HAS the expectation of Malaysia’s failure to achieve high-income nation status by 2020 been, to some extent, the cause of affordable housing issues in the country?

In 1991, the government, led by Tun Dr Mahathir Mohamad, formulated a long-term national development blueprint under which Malaysia aspired to be a developed nation within 30 years.

The 11th Malaysia Plan (2016-2020), charts a path toward a high-income status, focusing on increasing productivity and innovation, as well as stressing the need for equity, inclusiveness, environmental sustainability, human capital development, and infrastructure.

It also seeks to raise the living standards of the Bottom 40 per cent (B40) income group, as well as reduce income and infrastructure gaps between rich and poor states.

Fast-forward to this year, and with just over one year to go before 2020, Malaysia is still a few steps behind the high-income status target, said Real Estate and Housing Developers’ Association Malaysia (Rehda) council member Datuk N. K. Tong.

The World Bank said recently that Malaysia is expected to achieve a high-income nation status at some point between 2020 and 2024.

To make this vital breakthrough, the country has to undertake some major reforms or greater socio-economic transformation.

The World Bank defines high-income economies as those countries with gross national income (GNI) per capita of US$12,236 (RM49,916.76) or more.

Last year, Malaysia’s average GNI per capita stood at US$9,660, just short of US$2,576 of the defined threshold level.

“The previous government promised to achieve a high income economy by 2020 but we haven’t got there yet. I think 2020 is too short a time frame now. The previous government had failed to get us to where we should be on the way to 2020.

“If we continue to reform, there is some potential. It is a question of income and not the pricing of the properties. If you look at everybody’s take-home (pay), at the end of the day after taking care of the basics, there is not much left,” Tong told NST Property.

Statistics Department data showed that Malaysian workers received average salary of only 35 per cent of the gross domestic product (GDP) in 2016. This included wages, bonuses and other income. Workers in China, Singapore and the United States enjoyed a higher share of

57, 42 and 43 per cent, respectively.

Singapore achieved its high-income status in 1987.

Tong, who is also Bukit Kiara Properties group managing director, said housing affordability issues in Malaysia are not about product pricing, but more about the income level of the people.

“The overall market is soft basically because incomes are not high enough. We have that vision of a high-income nation but we just haven’t executed it.
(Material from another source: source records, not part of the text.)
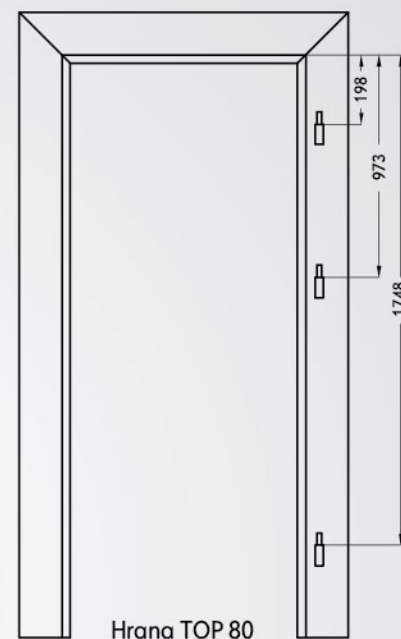

Průřez nastavitelné zárubně s hranou TOP

Průřez obložkové zárubně

Svislý průřez falcových dveří

Požadovaná výška stavebního otvoru min. 2010 mm

Hrana TOP 80

E* - T63

D - požadovaná šířka otvoru ve zdi

pro dvoukřídlé dveře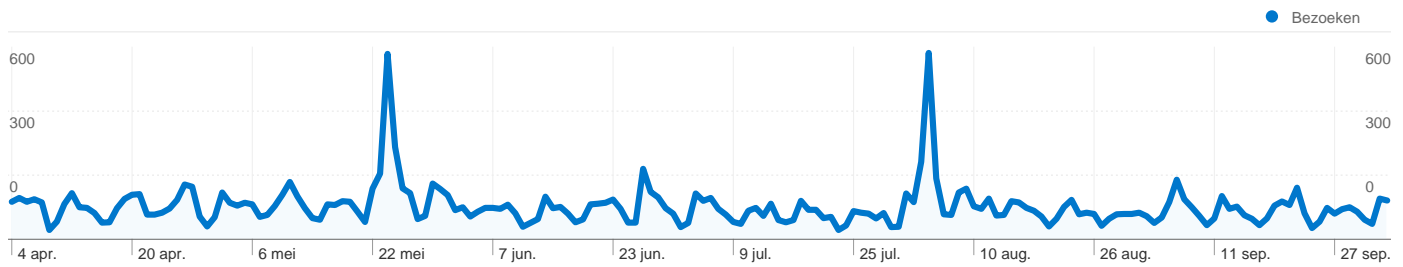

Alle verkeersbronnen hebben in totaal 18.818 bezoeken verzonden

21,60% Direct verkeer

19,36% Verwijzende sites

58,56% Zoekmachines

■ Zoekmachines	11.019,00 (58,56%)
■ Direct verkeer	4.064,00 (21,60%)
■ Verwijzende sites	3.643,00 (19,36%)
■ Overige	92 (0,49%)

Beste verkeersbronnen

Bronnen	Bezoeken	% bezoeken	Zoekwoorden	Bezoeken	% bezoeken
google (organic)	10.751	57,13%	zwembadbranche	654	5,94%
(direct) ((none))	4.064	21,60%	zwembadbranche.nl	141	1,28%
twitter.com (referral)	748	3,97%	zwembad beveren	134	1,22%
zoomerang.com (referral)	477	2,53%	hofbad ypenburg	91	0,83%
google.nl (referral)	346	1,84%	nieuw zwembad beveren	77	0,70%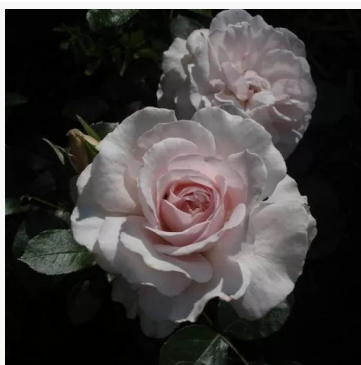

Constance Finn

licht-roze - bloembed floribunda roos
95-130 cm
sterk geurende, karaktervolle roos - rijk, oudroosachtig
Robert Harkness

There are many issues but these are a legacy from many years of the property industry being somewhat dysfunctional.

“In the current market where there are many affordably-priced properties and you still see slow take-ups, that’s got to do with the economy,” he said.
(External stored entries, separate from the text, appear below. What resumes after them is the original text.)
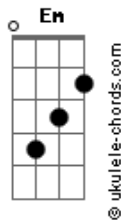

Gusttavo Lima - Nunca Mais Largo Você

tom:

Db (forma dos acordes no tom de C)

Capo na 1ª casa

Intro: Cadd9 Em

[Primeira Parte]

G
Uma viagem pra uma cidade do interior
Cadd9
Fiz novas amizades e até esbarrei num quase amor
Am7 Dadd9
Foi na trave, mas meu coração se esforçou

[Segunda Parte]

Am7
Eu rodei não sei quantos km
Cadd9
Pra correr da saudade da gente
Em7
Procurando algum canto no mundo
Dadd9
Pra te esquecer só um pouquinho

Am7
O problema é que cê veio junto
Cadd9
Na insônia e nesse olho fundo
G Dadd9
Escondida aqui dentro de mim

[Refrão]

Cadd9
E que se foda, eu vou ligar
Am
Me humilhar, torcer
Em7
Pra ainda ter algum espaço nesse abraço
Dadd9
Pra eu me socorrer
Cadd9 Am
Sua falta é de matar, e eu vou querer morrer
Em7
Se eu descobrir que uma boca meia boca
Dadd9
Fez você me esquecer
Cadd9
Me dá um lugar pra voltar
Dadd9
Te juro eu faço valer
Cadd9
E nunca mais largo você

Acordes

[Segunda Parte]

Am7
Eu rodei não sei quantos km
Cadd9
Pra correr da saudade da gente
Em7
Procurando algum canto no mundo
Dadd9
Pra te esquecer só um pouquinho
Am7
O problema é que cê veio junto
Cadd9
Na insônia e nesse olho fundo
G Dadd9
Escondida aqui dentro de mim

Meanwhile, Rehda patron and immediate past-president Datuk Ng Seing Liong said banks should not only depend house buyers’ payslip when approving a loan as their potential clients may have other income.

“If banks just look at their salary, then getting a loan to be approved with a 90 per cent margin is out of the question as their income level has either maintained or increased by only a small percentage in the last few years, while cost of living has gone up.

“A lot of people these days are doing second or third jobs, so they have more income to support their family. Banks should look at that when approving loan margin,” said Ng.